« De plus en plus de pays envisagent de légaliser le cannabis récréatif. Nous devons donc apprendre comment mieux protéger les enfants contre une intoxication au cannabis.» le Dr Daniel Myran. Photo par Elsa Olofsson.Le nombre de visites par mois dans les urgences en raison de l’intoxication au cannabis de jeunes enfants s’est multiplié par neuf après la légalisation du cannabis récréatif au Canada, selon une étude publiée dans la revue JAMA Network Open. Certains hôpitaux avaient déjà signalé des cas d’intoxication au cannabis chez des enfants, mais il s’agit de la première étude qui brosse le portrait de la situation dans l’ensemble du pays.
« Nous avons constaté une augmentation de la fréquence et de la gravité des cas d’intoxication au cannabis chez les enfants de moins de 10 ans après la légalisation du cannabis.
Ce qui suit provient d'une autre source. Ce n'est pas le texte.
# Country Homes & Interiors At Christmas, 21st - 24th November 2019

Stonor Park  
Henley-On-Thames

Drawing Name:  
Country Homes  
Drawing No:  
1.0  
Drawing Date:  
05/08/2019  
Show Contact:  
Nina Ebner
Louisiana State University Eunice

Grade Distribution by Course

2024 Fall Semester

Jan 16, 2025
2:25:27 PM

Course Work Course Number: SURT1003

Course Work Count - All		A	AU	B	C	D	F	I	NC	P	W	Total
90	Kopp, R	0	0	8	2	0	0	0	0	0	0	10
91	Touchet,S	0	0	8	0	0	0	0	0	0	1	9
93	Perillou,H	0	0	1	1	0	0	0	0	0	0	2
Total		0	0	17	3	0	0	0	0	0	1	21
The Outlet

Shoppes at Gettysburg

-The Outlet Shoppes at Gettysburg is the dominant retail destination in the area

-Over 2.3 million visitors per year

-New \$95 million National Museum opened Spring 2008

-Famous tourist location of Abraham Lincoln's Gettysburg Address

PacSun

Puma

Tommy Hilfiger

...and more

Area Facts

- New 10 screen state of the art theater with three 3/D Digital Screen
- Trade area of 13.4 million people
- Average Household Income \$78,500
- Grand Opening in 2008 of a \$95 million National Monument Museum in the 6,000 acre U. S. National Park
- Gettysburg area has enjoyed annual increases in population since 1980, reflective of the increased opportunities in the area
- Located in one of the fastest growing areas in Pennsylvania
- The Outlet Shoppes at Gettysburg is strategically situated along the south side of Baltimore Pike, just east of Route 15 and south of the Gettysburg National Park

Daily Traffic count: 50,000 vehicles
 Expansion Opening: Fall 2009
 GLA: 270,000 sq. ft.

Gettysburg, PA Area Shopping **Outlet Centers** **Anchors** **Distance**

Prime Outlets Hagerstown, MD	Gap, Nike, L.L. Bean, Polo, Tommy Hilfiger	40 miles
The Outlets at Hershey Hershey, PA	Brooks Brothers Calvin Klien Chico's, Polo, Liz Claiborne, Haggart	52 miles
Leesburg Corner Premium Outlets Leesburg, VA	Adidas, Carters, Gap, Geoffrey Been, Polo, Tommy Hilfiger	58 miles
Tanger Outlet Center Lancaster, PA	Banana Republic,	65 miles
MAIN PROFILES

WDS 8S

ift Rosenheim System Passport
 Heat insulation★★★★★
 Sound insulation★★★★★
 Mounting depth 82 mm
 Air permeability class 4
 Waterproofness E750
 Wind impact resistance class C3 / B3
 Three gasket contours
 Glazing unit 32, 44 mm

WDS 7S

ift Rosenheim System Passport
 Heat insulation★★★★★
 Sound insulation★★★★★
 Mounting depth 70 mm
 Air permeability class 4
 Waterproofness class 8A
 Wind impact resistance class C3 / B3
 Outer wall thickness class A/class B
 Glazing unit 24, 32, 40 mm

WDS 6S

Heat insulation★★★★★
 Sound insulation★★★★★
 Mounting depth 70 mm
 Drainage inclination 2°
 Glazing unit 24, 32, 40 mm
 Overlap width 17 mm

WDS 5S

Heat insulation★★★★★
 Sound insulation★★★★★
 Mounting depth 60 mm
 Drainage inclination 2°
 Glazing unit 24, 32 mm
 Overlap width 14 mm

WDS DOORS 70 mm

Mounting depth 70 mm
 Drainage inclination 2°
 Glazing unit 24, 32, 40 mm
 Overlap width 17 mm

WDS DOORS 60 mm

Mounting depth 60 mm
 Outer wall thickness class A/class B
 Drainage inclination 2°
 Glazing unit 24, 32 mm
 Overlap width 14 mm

La légalisation des produits comestibles de cannabis semble être un facteur clé », affirme le Dr Daniel Myran, auteur principal de l’étude, médecin de famille, spécialiste en santé publique et en médecine préventive et boursier postdoctoral à L’Hôpital d’Ottawa et au Département de médecine familiale de l’Université d’Ottawa.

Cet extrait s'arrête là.